*** Provided data ***

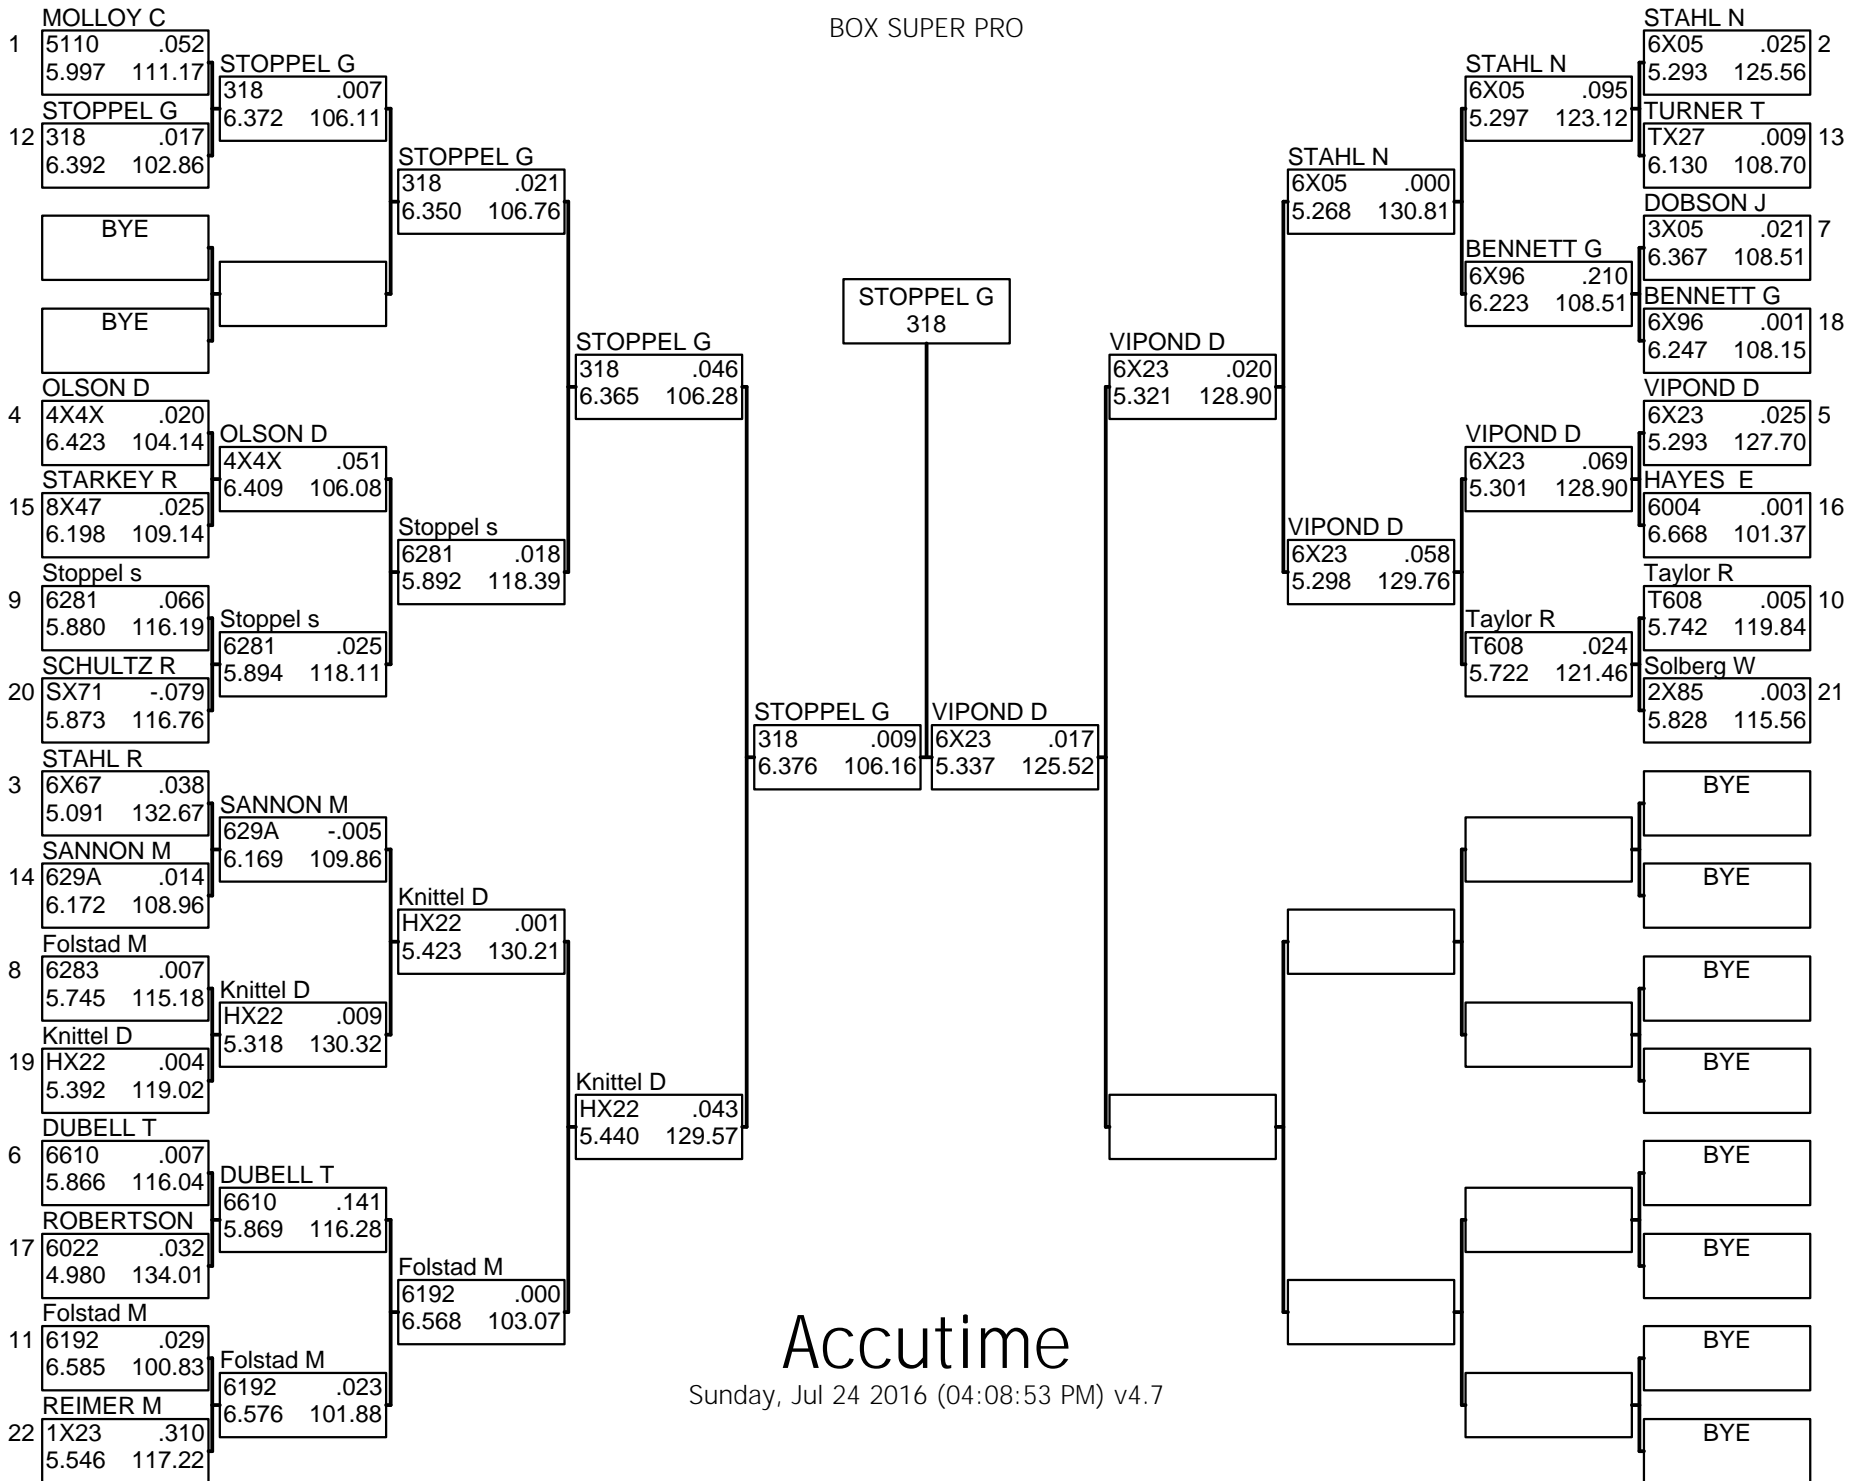

BOX SUPER PRO

Accutime

Sunday, Jul 24 2016 (04:08:53 PM) v4.7

*** End of Provided data ***

**Task description:** Restate the material above word for word, dropping the pictures.

**Result below:**
BOX SUPER PRO

Accutime

Sunday, Jul 24 2016 (04:08:53 PM) v4.7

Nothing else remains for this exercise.